[Collected data]
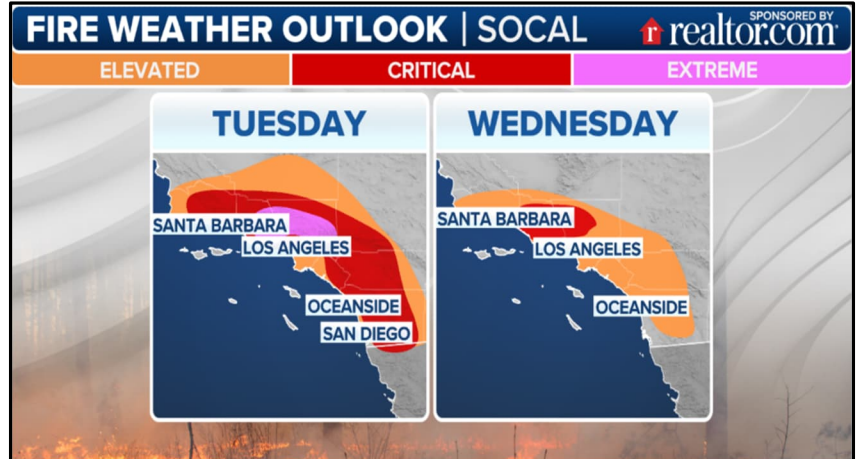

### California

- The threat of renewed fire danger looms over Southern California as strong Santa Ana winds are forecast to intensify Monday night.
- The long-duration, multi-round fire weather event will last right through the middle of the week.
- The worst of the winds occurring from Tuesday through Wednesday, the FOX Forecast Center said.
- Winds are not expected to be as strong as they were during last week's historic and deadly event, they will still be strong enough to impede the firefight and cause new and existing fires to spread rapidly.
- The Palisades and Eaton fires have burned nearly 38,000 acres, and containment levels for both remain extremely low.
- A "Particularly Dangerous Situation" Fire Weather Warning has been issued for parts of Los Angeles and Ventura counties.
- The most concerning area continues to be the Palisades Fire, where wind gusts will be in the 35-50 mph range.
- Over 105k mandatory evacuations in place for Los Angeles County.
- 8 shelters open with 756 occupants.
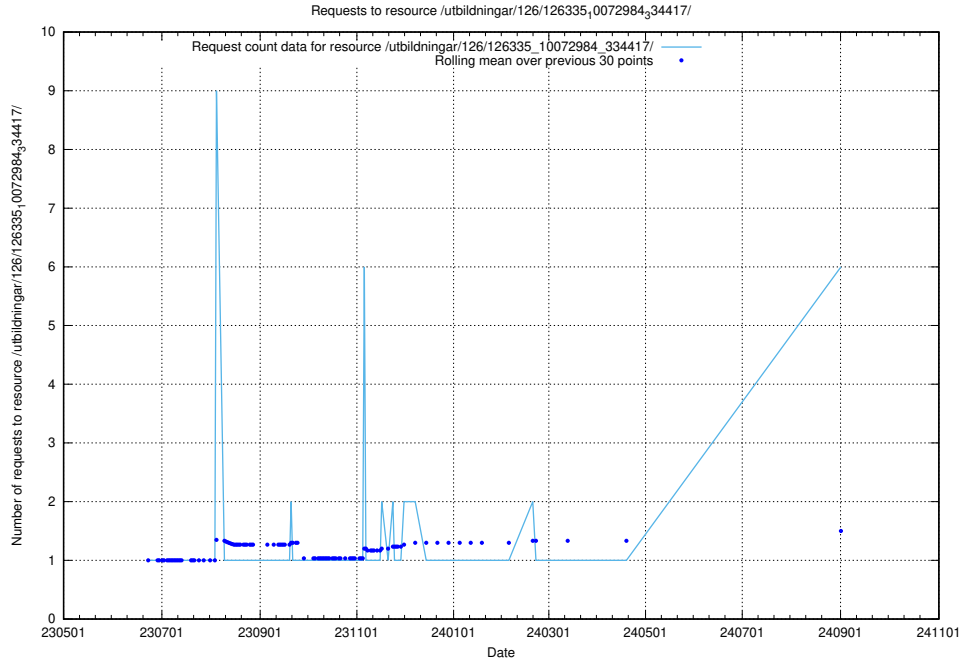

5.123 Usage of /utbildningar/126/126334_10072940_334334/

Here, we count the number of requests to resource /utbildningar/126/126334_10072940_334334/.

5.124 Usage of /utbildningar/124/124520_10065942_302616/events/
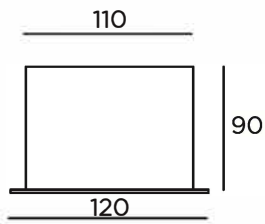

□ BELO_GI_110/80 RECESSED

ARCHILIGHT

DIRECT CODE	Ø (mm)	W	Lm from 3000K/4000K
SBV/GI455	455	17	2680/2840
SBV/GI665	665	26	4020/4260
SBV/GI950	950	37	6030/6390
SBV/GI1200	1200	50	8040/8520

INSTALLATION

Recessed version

■ DIRECTIONS ■
For each line in the records that contains the word "from", make a copy.

■ RESPONSE TO THE EXERCISE ■
- The worst of the winds occurring from Tuesday through Wednesday, the FOX Forecast Center said.
DIRECT CODE	Ø (mm)	W	Lm from 3000K/4000K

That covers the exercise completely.